6/17/2015

The Bull of Utu


An uncertainty of distance or time, with every individual we asked giving us a number different from one another we bit down and drove as far north from Tapachula as we could. Mazunte was calling our hearts, and at sundown on the second day after leaving Guatemala we saw the western coast line for the first time in months: minuscule and glazed with shades of cool from atop the highway cliffside bends. Certain that we had several hours to go at midnight we parked on the side of a road and tried to sleep. The buzzing of mosquitoes, May's southern Mexico humidity and five sweating bodies sprawled out in the van, it only took about twenty minutes before a simultaneous halt was put to the torture and a decision was made to drive through the night. 

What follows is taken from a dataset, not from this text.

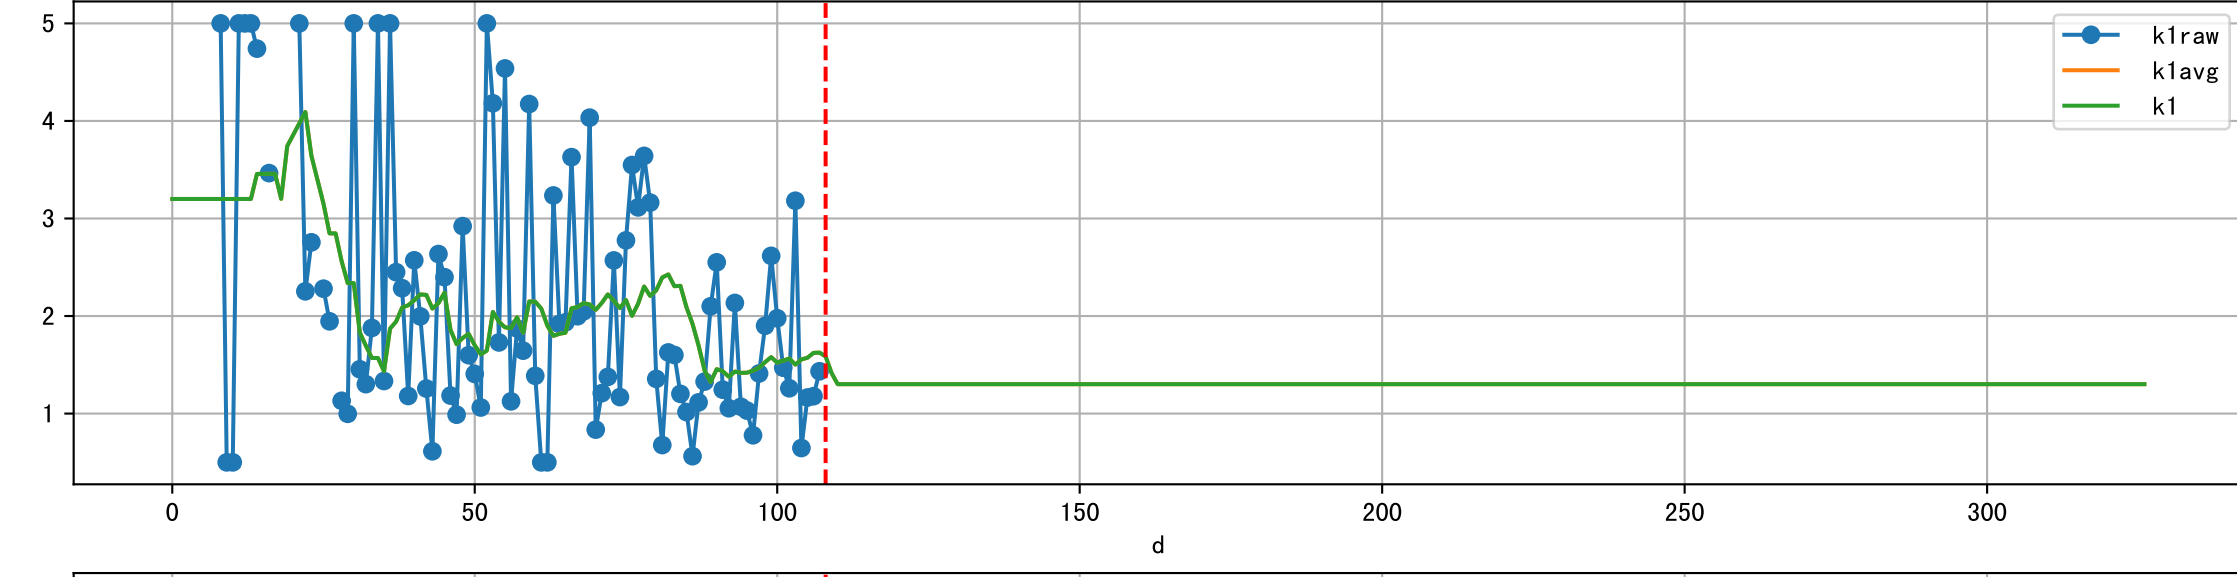

taocraw:-o', 'taocavg', 'taoc'], ['k0raw:-o', 'k0avg', 'k0'], ['k1raw:-o', 'k1avg', 'k1'], ['k2raw:-o', 'k2avg', 'k2'], ['Tblrrow:-o', 'Tblravg',

XX6 D:108 2025-12-23

A confirmation that no one in Mexico quite knows the true road distance between towns we made it to Mazunte by one that same morning. Running straight to the beach, barefoot and clueless of the barricades put up to protect the villagers from the monster waves that a few short days ago crashed into the town, destroying many beachside hostels. We slept on a platform on the sand, rising with the sun. That sight will remain with me always: the ballooning southern sun illuminating the most beautiful beach that I have ever layed eyes on. Sand infused with shades of pale pink and orange, smoothed like a silken sheet. Water like liquid smithsonite, it's roar gargantuan, I could do nothing but surrender. I climbed a jagged rock formation and stood atop it, chanting seed syllables, sending out an offering of sound, tuning to this natural kingdom's salt speckled vortex.